I have defined a binary tree:

data Tree = Null | Node Tree Int Tree

and have implemented a function that'll yield the sum of the values of all its nodes:

sumOfValues :: Tree -> Int
sumOfValues Null = 0
sumOfValues (Node Null v Null) = v
sumOfValues (Node Null v t2) = v + (sumOfValues t2)
sumOfValues (Node t1 v Null) = v + (sumOfValues t1)
sumOfValues (Node t1 v t2) = v + (sumOfValues t1) + (sumOfValues t2)

It works as expected. I had the idea of also trying to implement it using guards:

sumOfValues2 :: Tree -> Int
sumOfValues2 Null = 0
sumOfValues2 (Node t1 v t2)
    | t1 == Null && t2 == Null  = v
    | t1 == Null            = v + (sumOfValues2 t2)
    |               t2 == Null  = v + (sumOfValues2 t1)
    |   otherwise       = v + (sumOfValues2 t1) + (sumOfValues2 t2)

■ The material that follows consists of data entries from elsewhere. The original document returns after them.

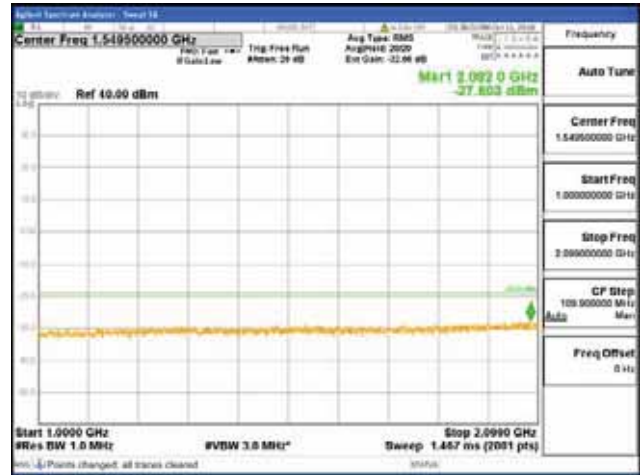

Report No.:  
 CTK-2018-03329  
 Page (1014) / (2957)  
 Pages

[16QAM]

9 kHz - 150 kHz

150 kHz - 30 MHz

30 MHz - 1000 MHz

1000 MHz - 2099 MHz

**CTK Co., Ltd.**  
 (Ho-dong), 113, Yejik-ro, Cheoin-gu,  
 Yongin-si, Gyeonggi-do, Korea  
 Tel: +82-31-339-9970  
 Fax: +82-31-624-9501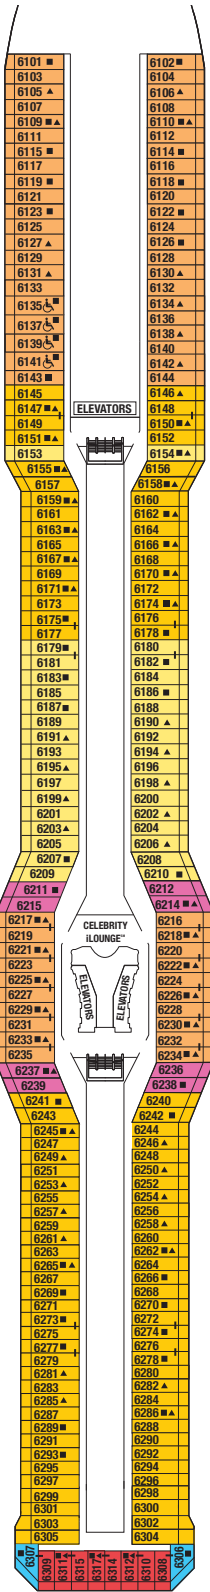

Staterooms with an upper bed and sofa bed accommodate a maximum of four guests.
 Accessible staterooms with a sofa bed accommodate a maximum of three guests.
 Accessible suites with a sofa bed accommodate a maximum of four guests.
 Staterooms 1547, 1549, 1552, and 1554 have partially obstructed views.
 Staterooms 2130, 2132, 2134, and 2136 have roll-in showers, no bathtubs.

Deck plans are not drawn to scale. Deck numbers reflect upper guest levels.
 For an interactive deck plan experience and the most up-to-date deck plans, visit celebritycruises.com.

CELEBRITY SILHOUETTE® DECK PLANS

Staterooms with an upper bed and sofa bed accommodate a maximum of four guests.
 Accessible staterooms with a sofa bed accommodate a maximum of three guests.
 Staterooms 1001 and 1002 have partially obstructed veranda views.
 2C Veranda Staterooms have partially obstructed veranda views. 2D Veranda Staterooms have obstructed veranda views.

Deck plans are not drawn to scale. Deck numbers reflect upper guest levels.
 For an interactive deck plan experience and the most up-to-date deck plans, visit celebritycruises.com.

Deck 6

S1 SV 1A 2B 2C 2D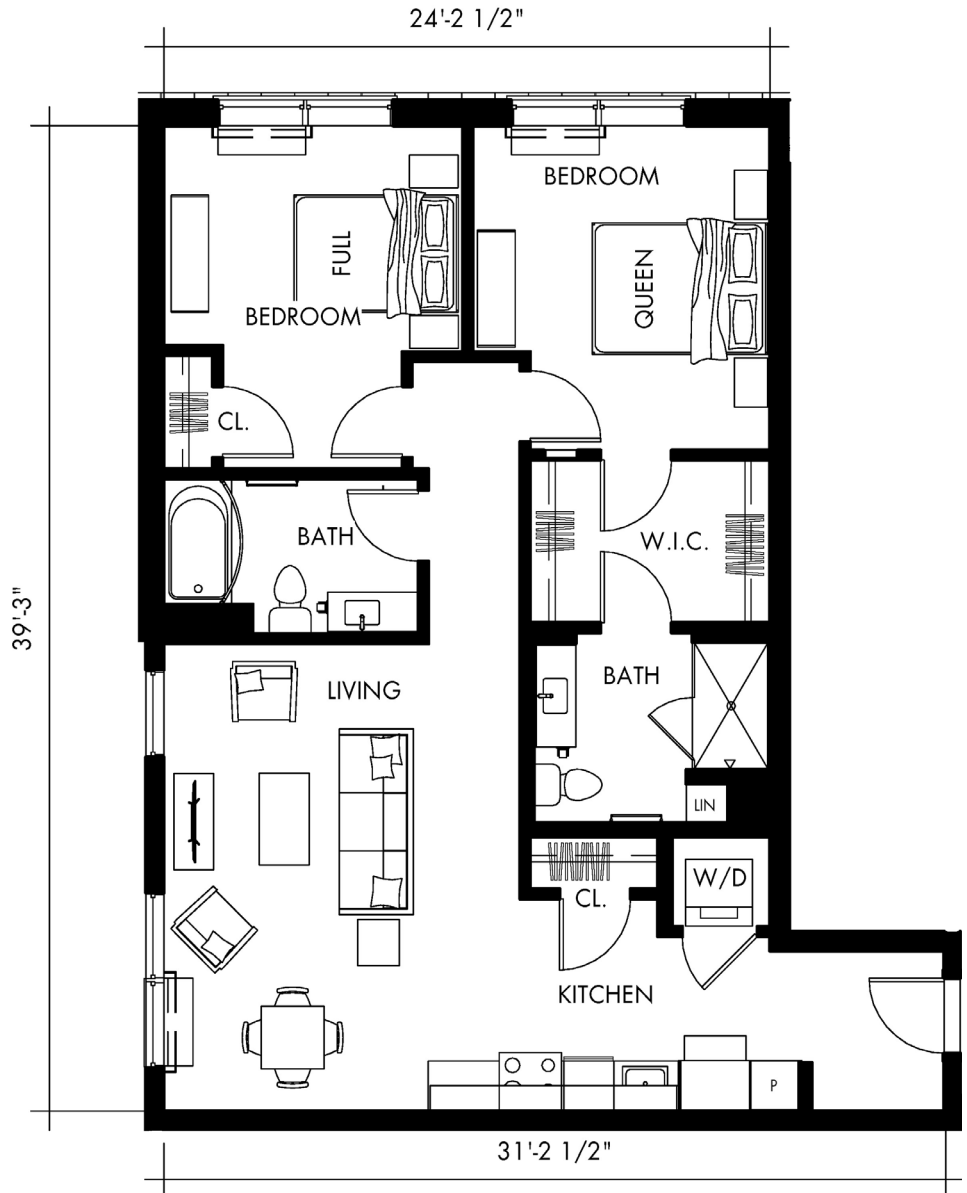

# 1010

APARTMENTS

1010APARTMENTS.COM  
@1010ALLENTOWN #LIVELOUD1010

## Beta T

2 BEDROOM  
2 BATHROOM  
1,090 SF

- BATH 1 - 10' 2" X 6' 2"
- BATH 2 - 9' 5" X 7' 7"
- KITCHEN - 13' 6" X 6' 11 1/2"
- W.I.C. - 9' 7" X 6' 6"
- LIVING - 11' 5 1/2" X 18' 7 1/2"
- BEDROOM 1 - 11' 9 1/2" X 12' 9 1/2"
- BEDROOM 2 - 11' 10 1/2" X 12' 9 1/2"

These floor plans are artist renderings, conceptual only, and based on current development plans which are subject to change without notice. Square footage and dimensions are approximate and may vary in actual building. Prices are subject to change without notice.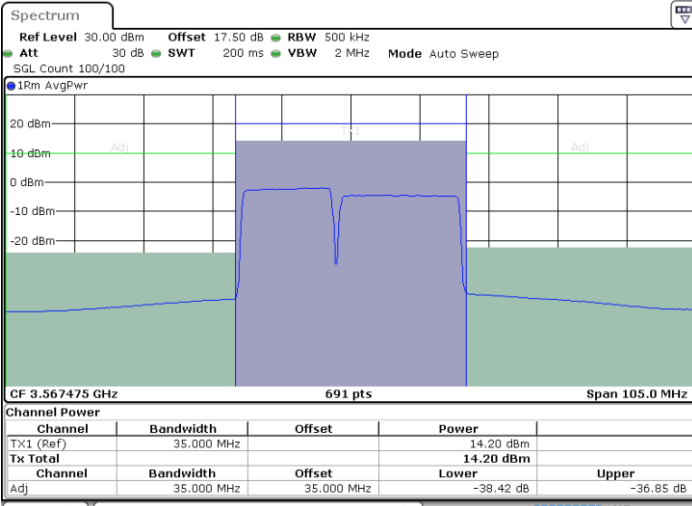

Lowest Channel / FullIRB

N/A

Date: 10.FEB.2020 21:15:51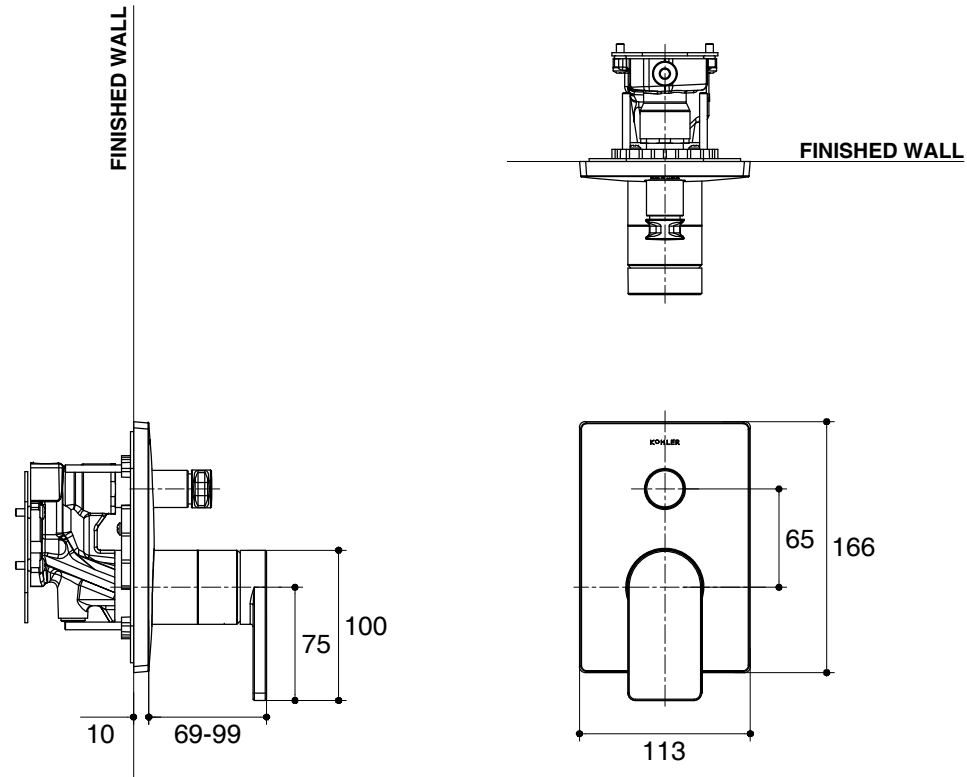

Dimensions are approximate.

Unit: mm

SKU	K-73108X-4
Name	COMPOSED
Description	MODULO RECESSED BATH SHOWER TRIM & VALVE

\*The recommended dimension for installation can be adjusted according to user preferences and layout.

but this one doesn't work because I haven't implemented Eq, I believe:

No instance for (Eq Tree)
  arising from a use of `==' at zzz3.hs:13:3-12
Possible fix: add an instance declaration for (Eq Tree)
In the first argument of `(&&)', namely `t1 == Null'
In the expression: t1 == Null && t2 == Null
In a stmt of a pattern guard for
             the definition of `sumOfValues2':
        t1 == Null && t2 == Null

The question that has to be made, then, is how can Haskell make pattern matching without knowing when a passed argument matches, without resorting to Eq?